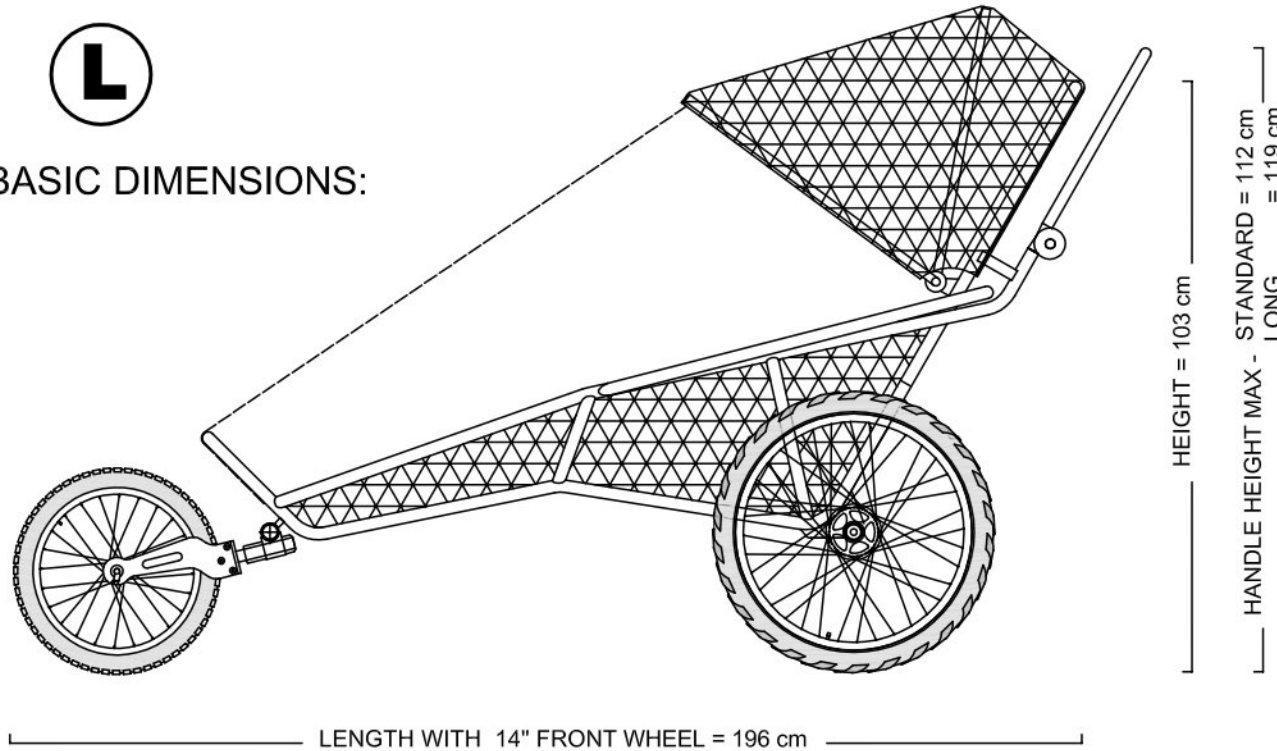

42 cm

36 cm

ROVER

JOGGING SET

SIZE:

BASIC DIMENSIONS:

DIMENSIONS FOR TRANSPORT:

- *) LOWER PART OF BODY MAX LENGTH
- **) UPPER PART OF BODY MAX LENGTH

ROYER

BUGGY

SIZE:

M

BASIC DIMENSIONS:

LENGTH WITH 11" FRONT WHEEL = 162 cm

HEIGHT = 104 cm
STANDARD = 119 cm
HANDLE HEIGHT MAX - LONG = 126 cm

FRAME WIDTH = 68 cm
WHEEL TRACK MAX = 92 cm

ROVER

BUGGY

SIZE:

BASIC DIMENSIONS:

LENGTH WITH 11" FRONT WHEEL = 184 cm

HEIGHT = 112 cm
HANDLE HEIGHT MAX - STANDARD = 121 cm
LONG = 128 cm

FRAME WIDTH = 68 cm

22 cm

WHEEL TRACK MAX = 92 cm

DIMENSIONS FOR TRANSPORT:

- *) LOWER PART OF BODY MAX LENGTH
- **) UPPER PART OF BODY MAX LENGTH

HEIGHT = 72 cm

LENGTH = 163 cm

WIDTH MAX = 68 cm

A - A

42 cm
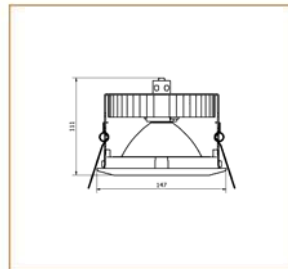

### Basic Data

Material	Die Cast Aluminum
Finishing	Electrostatic Painting/Electrostatic
Optics	
Weight	751 gm
IP	40
IK	08
Suspension	Ceiling Recessed
Additional Data	

### Dimensions
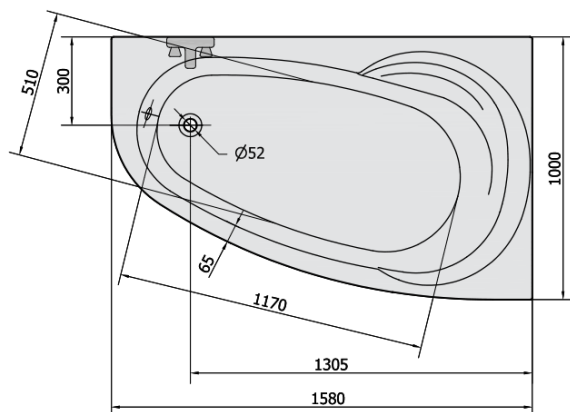

NAOS R Asymmetric Bath 158x100x43cm, White

Order code: 12011

Size

Length: 1580 mm
 Width: 1000 mm
 Height: 430 mm
 Volume: 225 l

Properties

Colour: White
 Material: Acrylate
 Warranty: 10 years

Technical sheet

VOLUME 225L

________

* _What to work on_: Return the data verbatim, leaving out the pictures it holds.

* _Completed task_:
42 cm

36 cm

ROVER

JOGGING SET

SIZE:

BASIC DIMENSIONS:

DIMENSIONS FOR TRANSPORT:

- *) LOWER PART OF BODY MAX LENGTH
- **) UPPER PART OF BODY MAX LENGTH

ROYER

BUGGY

SIZE:

M

BASIC DIMENSIONS:

LENGTH WITH 11" FRONT WHEEL = 162 cm

HEIGHT = 104 cm
STANDARD = 119 cm
HANDLE HEIGHT MAX - LONG = 126 cm

FRAME WIDTH = 68 cm
WHEEL TRACK MAX = 92 cm

ROVER

BUGGY

SIZE:

BASIC DIMENSIONS:

LENGTH WITH 11" FRONT WHEEL = 184 cm

HEIGHT = 112 cm
HANDLE HEIGHT MAX - STANDARD = 121 cm
LONG = 128 cm

FRAME WIDTH = 68 cm

22 cm

WHEEL TRACK MAX = 92 cm

DIMENSIONS FOR TRANSPORT:

- *) LOWER PART OF BODY MAX LENGTH
- **) UPPER PART OF BODY MAX LENGTH

HEIGHT = 72 cm

LENGTH = 163 cm

WIDTH MAX = 68 cm

A - A

42 cm

### Basic Data

Material	Die Cast Aluminum
Finishing	Electrostatic Painting/Electrostatic
Optics	
Weight	751 gm
IP	40
IK	08
Suspension	Ceiling Recessed
Additional Data	

### Dimensions

NAOS R Asymmetric Bath 158x100x43cm, White

Order code: 12011

Size

Length: 1580 mm
 Width: 1000 mm
 Height: 430 mm
 Volume: 225 l

Properties

Colour: White
 Material: Acrylate
 Warranty: 10 years

Technical sheet

VOLUME 225L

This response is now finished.